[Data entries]
-- Opening Marker --

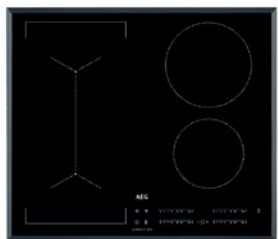

Afm. (BxD) in mm 590x520

Inbouw (HxBxD) in mm 44x560x490

Aansluitwaarde (W) 7350

Voltage (V) 220-240 / 400V2N

Lengte aansluitsnoer (m) 1.5

Totaal vermogen gas (W)

INDUCTIEKOOKPLAAT IPE84531FB

Going € 1.849,99 | MaxiSense - PureBlack
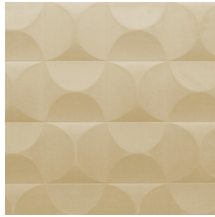

CARRELAGE

Colección Spectra

Historia de la colección

Nuestro equipo de diseñadores está continuamente en busca de motivos y colores que coincidan con el espíritu de la época. Tras las colecciones Enigma, Eclipse e Intrigue, nos embarcamos en la aventura de un revestimiento mural tridimensional llamado Spectra. Esta línea aún armoniosos patrones y colores que encontrarán su lugar en cualquier interior, ya que sus combinaciones de relieves, motivos y tonalidades están siempre en consonancia y equilibrio.

Especificaciones técnicas

Referencia	<u>61513</u>
Categoría de producto	Couture
Composición	Revestimiento mural textil 3D sobre base no tejida
Descripción	Revestimiento de pared con un aspecto y sensación suaves
Dimensiones	Ancho 122 cm / se vende por metro lineal
Case	Case recto 30,5 cm
Observación	Repele las manchas y el agua y aporta un efecto positivo en la acústica
Pegamento	Arte Clearpro o una cola de dispersión de buena calidad
Cómo encolar	Encolar la pared
Resistencia a la luz	Buena resistencia a la luz
Cómo retirar	Arrancable en seco
Certificado ignífugo EU	D-s1, d0
Certificado ignífugo US	Class A
Mantenimiento	Durante la colocación se puede utilizar una esponja húmeda (retirar las manchas de cola fresca)

Colores (5)

61510

61511

61512

61513

61514

Vista

Más información? [Haga clic aquí](#)
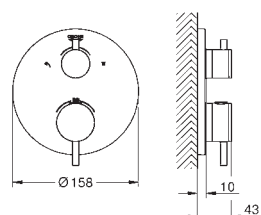

24 135 003	cromado	564,50
24 135 DC3	supersteel	789,50
24 135 AL3	brushed hard graphite	903,00

Atrio
Termostática de duche para 2 saídas com válvula de corte/inversor integrado
Elemento exterior
GROHE Rapido SmartBox (35 600/35 604)
Cartucho compacto **GROHE TurboStat** com termoelemento em cera
Acabamento cromado **GROHE StarLight**
Encastrável com **GROHE FastFixation**
Espelho de metal com ajuste de 6°
Símbolos de chuveiro de teto e chuveiro de mão
Limitador de temperatura **GROHE SafeStop** 38°C
GROHE SafeStop Plus (opcional) limitador de temperatura a 43°C / 46°C
GROHE AquaDimmer, válvula de corte/inversor integrado
Manipulos metálicos
Desempenho do fluxo: saída B 27 l/min, saída C 30 l/min
Sem elemento encastrável

35 604 000		123,50

Elemento encastrável universal GROHE Rapido SmartBox
Edição Profissional disponível Março 2021
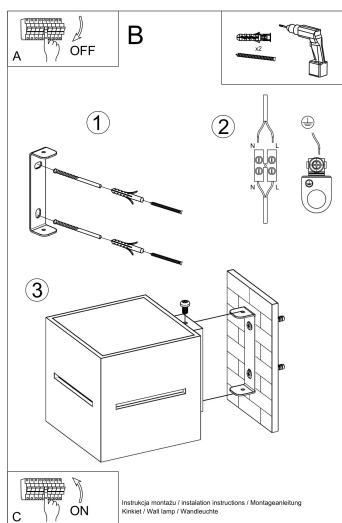

Aplique de pared LOBO gris, G9

ESPECIFICACIONES

Puntos de Luz	1
Alimentación	AC220V
Casquillo	G9
Otros	Housing
Color	gris
Interior-externo	Interior
Protección IP	IP20
Estilo	nordico
Estancia	salon

Referencia

LD2020942

Dimensiones del producto

100x120x100mm

Dimensiones del packaging

13x13x13cm

DETALLES

Las lámparas con estilo de la colección LOBO impresionan con un diseño minimalista y un increíble efectos de estimulación visualmente, una vez que están encendidos. Los tonos de aluminio son definitivamente de aspecto sólido. Lámparas LOBO están disponibles en diferentes opciones de color, lo que facilita la elección de la opción correcta para una habitación determinada. Tanto la calidad de la mano de obra y el diseño refinado hará que estas

lámparas satisfagan incluso a los clientes más exigentes.

Bombilla: G9, 1x40W, 50Hz, 220V, IP20

Bombilla no incluida.

Dimensiones: 10/12/10 cm

Material: aluminio.

Color: gris

ESQUEMA DE INSTALACIÓN

GALERIA

Ficha técnica

Aplique de pared LOBO gris, G9

LEDBOX®

AVISO

Datos sujetos a cambios sin aviso. Excepto errores y omisiones. Asegúrese de utilizar el archivo más reciente posible.

-- Closing Marker --

Your job is to repeat every entry exactly, keeping all pictures out of the copy.

Expected output
Afm. (BxD) in mm 590x520

Inbouw (HxBxD) in mm 44x560x490

Aansluitwaarde (W) 7350

Voltage (V) 220-240 / 400V2N

Lengte aansluitsnoer (m) 1.5

Totaal vermogen gas (W)

INDUCTIEKOOKPLAAT IPE84531FB

Going € 1.849,99 | MaxiSense - PureBlack

CARRELAGE

Colección Spectra

Historia de la colección

Nuestro equipo de diseñadores está continuamente en busca de motivos y colores que coincidan con el espíritu de la época. Tras las colecciones Enigma, Eclipse e Intrigue, nos embarcamos en la aventura de un revestimiento mural tridimensional llamado Spectra. Esta línea aún armoniosos patrones y colores que encontrarán su lugar en cualquier interior, ya que sus combinaciones de relieves, motivos y tonalidades están siempre en consonancia y equilibrio.

Especificaciones técnicas

Referencia	<u>61513</u>
Categoría de producto	Couture
Composición	Revestimiento mural textil 3D sobre base no tejida
Descripción	Revestimiento de pared con un aspecto y sensación suaves
Dimensiones	Ancho 122 cm / se vende por metro lineal
Case	Case recto 30,5 cm
Observación	Repele las manchas y el agua y aporta un efecto positivo en la acústica
Pegamento	Arte Clearpro o una cola de dispersión de buena calidad
Cómo encolar	Encolar la pared
Resistencia a la luz	Buena resistencia a la luz
Cómo retirar	Arrancable en seco
Certificado ignífugo EU	D-s1, d0
Certificado ignífugo US	Class A
Mantenimiento	Durante la colocación se puede utilizar una esponja húmeda (retirar las manchas de cola fresca)

Colores (5)

61510

61511

61512

61513

61514

Vista

Más información? [Haga clic aquí](#)

24 135 003	cromado	564,50
24 135 DC3	supersteel	789,50
24 135 AL3	brushed hard graphite	903,00

Atrio
Termostática de duche para 2 saídas com válvula de corte/inversor integrado
Elemento exterior
GROHE Rapido SmartBox (35 600/35 604)
Cartucho compacto **GROHE TurboStat** com termoelemento em cera
Acabamento cromado **GROHE StarLight**
Encastrável com **GROHE FastFixation**
Espelho de metal com ajuste de 6°
Símbolos de chuveiro de teto e chuveiro de mão
Limitador de temperatura **GROHE SafeStop** 38°C
GROHE SafeStop Plus (opcional) limitador de temperatura a 43°C / 46°C
GROHE AquaDimmer, válvula de corte/inversor integrado
Manipulos metálicos
Desempenho do fluxo: saída B 27 l/min, saída C 30 l/min
Sem elemento encastrável

35 604 000		123,50

Elemento encastrável universal GROHE Rapido SmartBox
Edição Profissional disponível Março 2021

Aplique de pared LOBO gris, G9

ESPECIFICACIONES

Puntos de Luz	1
Alimentación	AC220V
Casquillo	G9
Otros	Housing
Color	gris
Interior-externo	Interior
Protección IP	IP20
Estilo	nordico
Estancia	salon

Referencia

LD2020942

Dimensiones del producto

100x120x100mm

Dimensiones del packaging

13x13x13cm

DETALLES

Las lámparas con estilo de la colección LOBO impresionan con un diseño minimalista y un increíble efectos de estimulación visualmente, una vez que están encendidos. Los tonos de aluminio son definitivamente de aspecto sólido. Lámparas LOBO están disponibles en diferentes opciones de color, lo que facilita la elección de la opción correcta para una habitación determinada. Tanto la calidad de la mano de obra y el diseño refinado hará que estas

lámparas satisfagan incluso a los clientes más exigentes.

Bombilla: G9, 1x40W, 50Hz, 220V, IP20

Bombilla no incluida.

Dimensiones: 10/12/10 cm

Material: aluminio.

Color: gris

ESQUEMA DE INSTALACIÓN

GALERIA

Ficha técnica

Aplique de pared LOBO gris, G9

LEDBOX®

AVISO

Datos sujetos a cambios sin aviso. Excepto errores y omisiones. Asegúrese de utilizar el archivo más reciente posible.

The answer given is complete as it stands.